Judging by your writing I think you missed a new paper red-teaming DNA synthesis screening software. They're using AI to create proteins that function the same but with different amino acids (probably conformation-based) which bypasses the DNA screening, because screening (probably) isn't translating and throwing it into Alphafold and comparing it to known toxins. Though the paper didn't test whether the AI-generated toxins are actually toxic, but we can assign that a reasonable probability.
That being said...translating DNA to protein with standard codon table is just one encoding scheme. And we can recode organisms to use a different encoding scheme. And no DNA screening would be able to catch it, since they have no knowledge of the nonstandard codon table you're using.
Also thanks for bringing up the Germy Paradox; I seemed to have missed that sequence.
Judging by your writing I think you missed a new paper red-teaming DNA synthesis screening software.
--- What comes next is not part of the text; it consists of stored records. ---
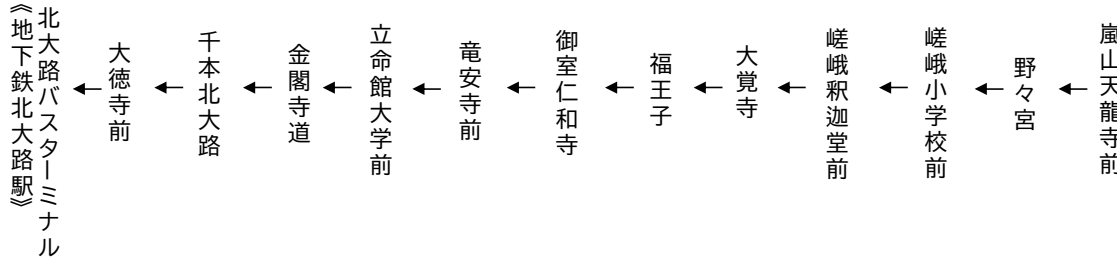

大覚寺

竜安寺・金閣寺 行き

臨

(楽洛 金閣寺・嵐山ライン)

平日		土曜		休日
	8	41	8	41
	9	41	9	41
	10	41	10	41
	11	41	11	41
	12	41	12	41
	13	41	13	41
	14	41	14	41
	15	41	15	41
	16	41	16	41
	17		17	

令和4年11月19日(土)、20日(日)、23日(水・祝)、26日(土)、27日(日)に運行します。
交通事情等により延着することがありますので、ご了承ください。
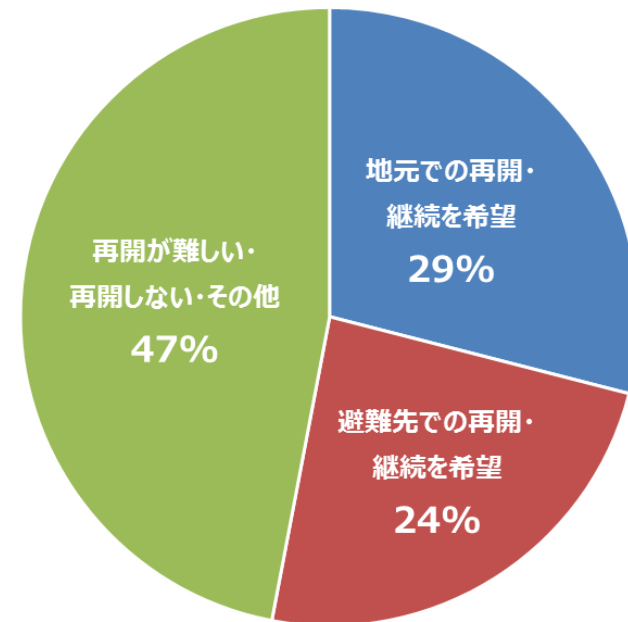

■ 業種別事業再開意向

	建設業	製造業	卸売業・小売業	不動産業・物品賃貸業	宿泊業・飲食サービス業	生活関連サービス業・娯楽業	医療・福祉	その他	総計
地元での再開・ 継続を希望	52%	55%	47%	31%	48%	42%	55%	44%	45%
避難先での再開・ 継続を希望	27%	19%	16%	6%	21%	22%	30%	19%	19%

【12市町村別事業再開意向】

【業種別事業再開意向】

【南相馬市鹿島区の事業再開意向】

【南相馬市原町区の事業再開意向】

【南相馬市小高区の事業再開意向】

【広野町の事業再開意向】

【田村市の事業再開意向】

【川内村の事業再開意向】

【楡葉町の事業再開意向】

【川俣町の事業再開意向】

【葛尾村の事業再開意向】

【飯館村の事業再開意向】

【富岡町の事業再開意向】

【浪江町の事業再開意向】

【大熊町の事業再開意向】

【双葉町の事業再開意向】
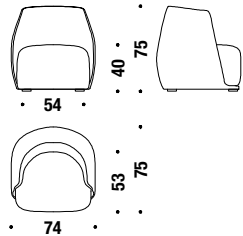

### Small armchair not quilted

Poltroncina non trapuntata

830

0,5 m<sup>3</sup> 25 Kg

€
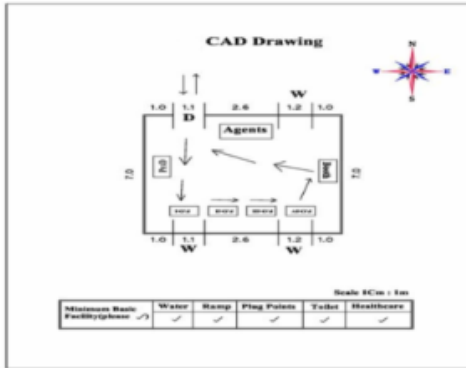

Google Map View

Polling Station Building Front View

Polling Station Front View

Cad View

Key MAP View

1 பெயர் : பொன்னுச்சாமி தந்தை பெயர் : ராமசாமி வீட்டு எண் : 1 வயது : 68 பாலினம் : ஆண் Photo is available	WOU1810266	2 பெயர் : கமலாத்தாள் கணவர் பெயர் : பொன்னுச்சாமி வீட்டு எண் : 1 வயது : 64 பாலினம் : பெண் Photo is available	WOU1810274	3 பெயர் : ராமலிங்கம் தந்தை பெயர் : அருணாசலம் வீட்டு எண் : 1 வயது : 56 பாலினம் : ஆண் Photo is available	WOU0557967
4 பெயர் : நல்லசாமி தந்தை பெயர் : பொன்னுச்சாமி வீட்டு எண் : 1 வயது : 43 பாலினம் : ஆண் Photo is available	FQT2038511	5 பெயர் : தீபா கணவர் பெயர் : மகேந்திரன் வீட்டு எண் : 1 வயது : 30 பாலினம் : பெண் Photo is available	WOU0937581	6 பெயர் : சிவரஞ்சனி கணவர் பெயர் : நல்லசாமி வீட்டு எண் : 1/1 வயது : 30 பாலினம் : பெண் Photo is available	WOU1958628
7 பெயர் : ஜெகதீசன் தந்தை பெயர் : பொன்னுச்சாமி வீட்டு எண் : 1-3 வயது : 35 பாலினம் : ஆண் Photo is available	WOU0130005	8 பெயர் : தேவிப்பிரியா கணவர் பெயர் : ஜெகநாதன் வீட்டு எண் : 1-3 வயது : 33 பாலினம் : பெண் Photo is available	WOU0872952	9 பெயர் : துரைசாமி தந்தை பெயர் : பொன்னுச்சாமி வீட்டு எண் : 1-3 வயது : 32 பாலினம் : ஆண் Photo is available	WOU0558197
10 பெயர் : நாகப்பன் தந்தை பெயர் : ஆரப்பன் வீட்டு எண் : 1-9A வயது : 75 பாலினம் : ஆண் Photo is available	FQT2018679	11 பெயர் : சுப்பாத்தாள் கணவர் பெயர் : சடையப்பன் வீட்டு எண் : 1-30 வயது : 66 பாலினம் : பெண் Photo is available	WOU0557165	12 பெயர் : குமார் தந்தை பெயர் : சடையப்பன் வீட்டு எண் : 1-30 வயது : 50 பாலினம் : ஆண் Photo is available	WOU0557181
13 பெயர் : அ.தீபா தந்தை பெயர் : ர.அப்புசாமி வீட்டு எண் : 1-34 வயது : 25 பாலினம் : பெண் Photo is available	WOU1157023	14 பெயர் : அ.பரத் தந்தை பெயர் : அப்புசாமி அப்புசாமி வீட்டு எண் : 1/34, சின்னிய கவுண்டம்பாளையம் வயது : 28 பாலினம் : ஆண் Photo is available	WOU2275725	15 பெயர் : கண்ணம்மாள் கணவர் பெயர் : பெரியசாமி வீட்டு எண் : 1-36A வயது : 53 பாலினம் : பெண் Photo is available	WOU0636472
16 பெயர் : பழனிச்சாமி தந்தை பெயர் : அம்மாசைக்குட்டி வீட்டு எண் : 1-40-45 வயது : 35 பாலினம் : ஆண் Photo is available	WOU0130013	17 பெயர் : ராஜம்மாள் கணவர் பெயர் : சாமியப்பன் வீட்டு எண் : 1-44A வயது : 55 பாலினம் : பெண் Photo is available	FQT3980075	18 பெயர் : கோவிந்தராஜ் தந்தை பெயர் : பாலசுப்ரமணியம் வீட்டு எண் : 1-46 வயது : 37 பாலினம் : ஆண் Photo is available	WOU0130021
19 பெயர் : தனசீலன் தந்தை பெயர் : தெய்வசிகாமணி தெய்வசிகாமணி வீட்டு எண் : 1/47 வயது : 24 பாலினம் : ஆண் Photo is available	WOU1958602	20 பெயர் : பாரதி தந்தை பெயர் : தெய்வ சிகாமணி வீட்டு எண் : 1/47 வயது : 22 பாலினம் : ஆண் Photo is available	WOU2133262	21 பெயர் : வேலுசாமி தந்தை பெயர் : சென்னியப்பன் வீட்டு எண் : 1-51 வயது : 34 பாலினம் : ஆண் Photo is available	WOU0295212
22 பெயர் : பரதராமன் தந்தை பெயர் : சேமலையப்பன் வீட்டு எண் : 1-54 வயது : 34 பாலினம் : ஆண் Photo is available	WOU0196527	23 பெயர் : மோகனசுந்தரம் தந்தை பெயர் : சீனிவாசன் வீட்டு எண் : 1-57 வயது : 30 பாலினம் : ஆண் Photo is available	WOU0727529	24 பெயர் : கோகிலா கணவர் பெயர் : மோகனசுந்தரம் வீட்டு எண் : 1/57 வயது : 28 பாலினம் : பெண் Photo is available	WOU1958826
25 பெயர் : சாந்தி கணவர் பெயர் : சண்முகம் வீட்டு எண் : 1-58 வயது : 33 பாலினம் : பெண் Photo is available	WOU0557942	# 26 பெயர் : பொன்னுச்சாமி.க தந்தை பெயர் : கருப்புசாமி கருப்ப கவுண்டர் வீட்டு எண் : 1/59 வயது : 56 பாலினம் : ஆண் Photo is available	FQT2010288	27 பெயர் : சரண்யா கணவர் பெயர் : நல்லசாமி வீட்டு எண் : 1-65 வயது : 32 பாலினம் : பெண் Photo is available	WOU0558072
28 பெயர் : மணி தந்தை பெயர் : சென்னியப்பன் வீட்டு எண் : 1-73 வயது : 63 பாலினம் : ஆண் Photo is available	WOU1810282	29 பெயர் : செளந்திரராஜன் தந்தை பெயர் : கருப்புசாமி வீட்டு எண் : 1-79 வயது : 53 பாலினம் : ஆண் Photo is available	WOU1810290	30 பெயர் : தினேஷ் தந்தை பெயர் : சாமிநாதன் வீட்டு எண் : 1/85 வயது : 25 பாலினம் : ஆண் Photo is available	WOU1958594
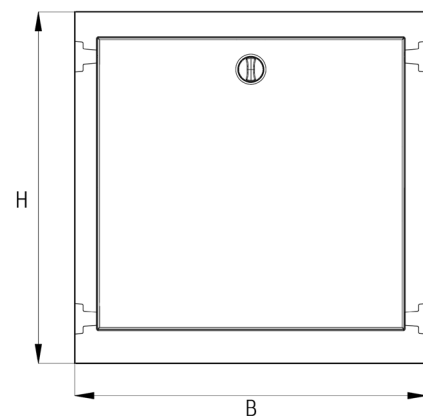

Tekniset tiedot

Roth Quick-jakotukkikaappi 400 x 550 mm LVI-nro 2016487

Roth Quick-jakotukkikaappi 550 x 550 mm LVI-nro 2016488

Roth Quick-jakotukkikaappi 800 x 550 mm LVI-nro 2016489

Koko	L	K	S	Läpiviennit (a) 16 - 28 mm	Läpiviennit (b) 25 - 34 mm (42)*	Knock-out reikiä (c)
400	400	550	96	18	8	14
550	550	550	96	30	8	14
800	800	550	96	50	8	14

* mikäli 42 mm suojaputki käytetään 42 mm läpivientä, LVI-nro 2016492.
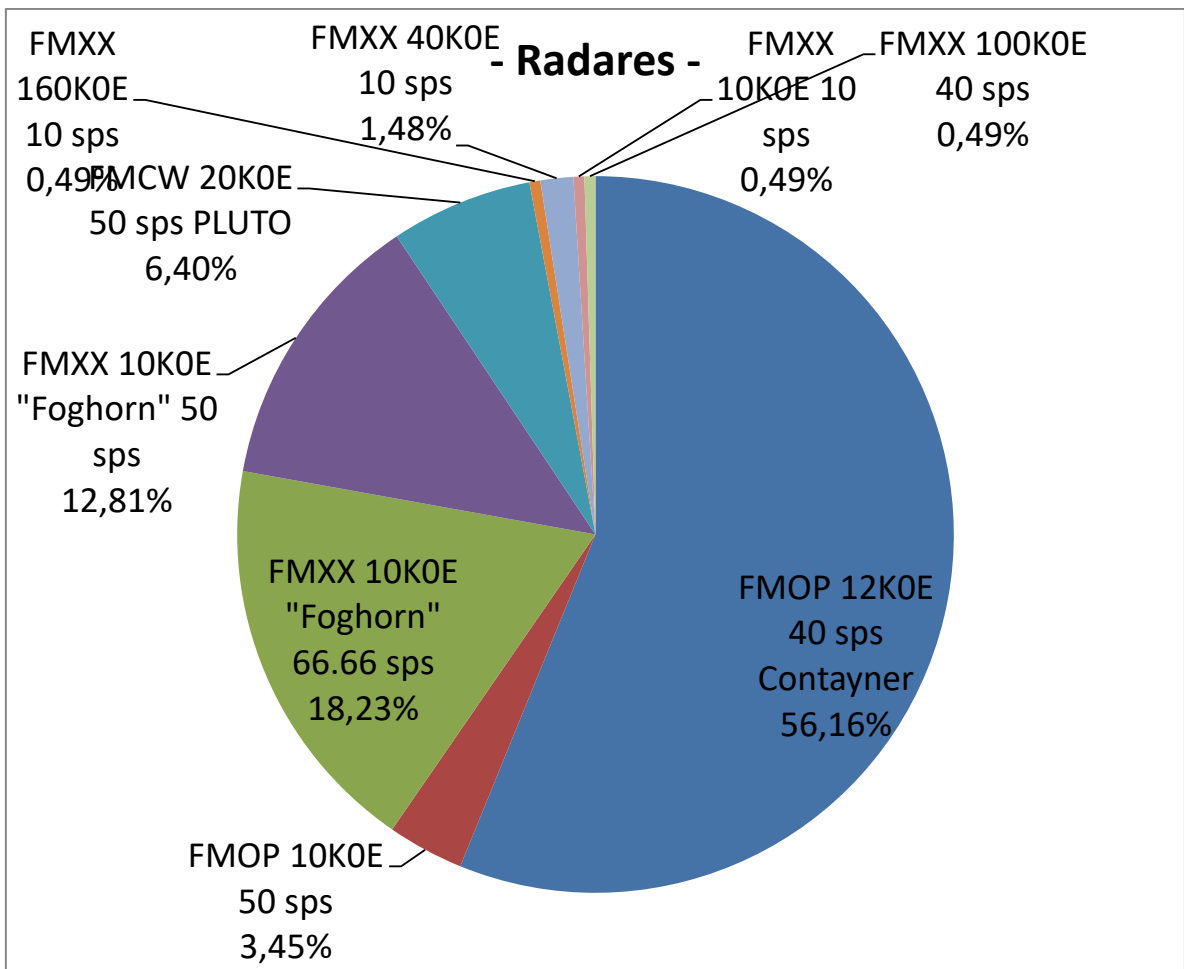

Gráficos Mensuales IARUMS URE

Octubre 2020

Porcentaje Modos

- Intrusiones -

Intrusos FSK

Intrusos SSB

Intrusos SSB

They're using AI to create proteins that function the same but with different amino acids (probably conformation-based) which bypasses the DNA screening, because screening (probably) isn't translating and throwing it into Alphafold and comparing it to known toxins. Though the paper didn't test whether the AI-generated toxins are actually toxic, but we can assign that a reasonable probability.
I hadn't! Thanks for pointing this out! Looks like someone is actually on top of this after all.
That being said...translating DNA to protein with standard codon table is just one encoding scheme. And we can recode organisms to use a different encoding scheme. And no DNA screening would be able to catch it, since they have no knowledge of the nonstandard codon table you're using
Who do you mean by "we" in this case? I had the vague vibes that the "we" in question is "Jason Chin's lab and a few other similarly high-level groups elsewhere", but that it was pretty far beyond the capabilities of the marginal bioterrorist, and anyone who's successfully fucking around with nonstandard codon sequences can definitely already make a bioweapon. Is this incorrect under your model?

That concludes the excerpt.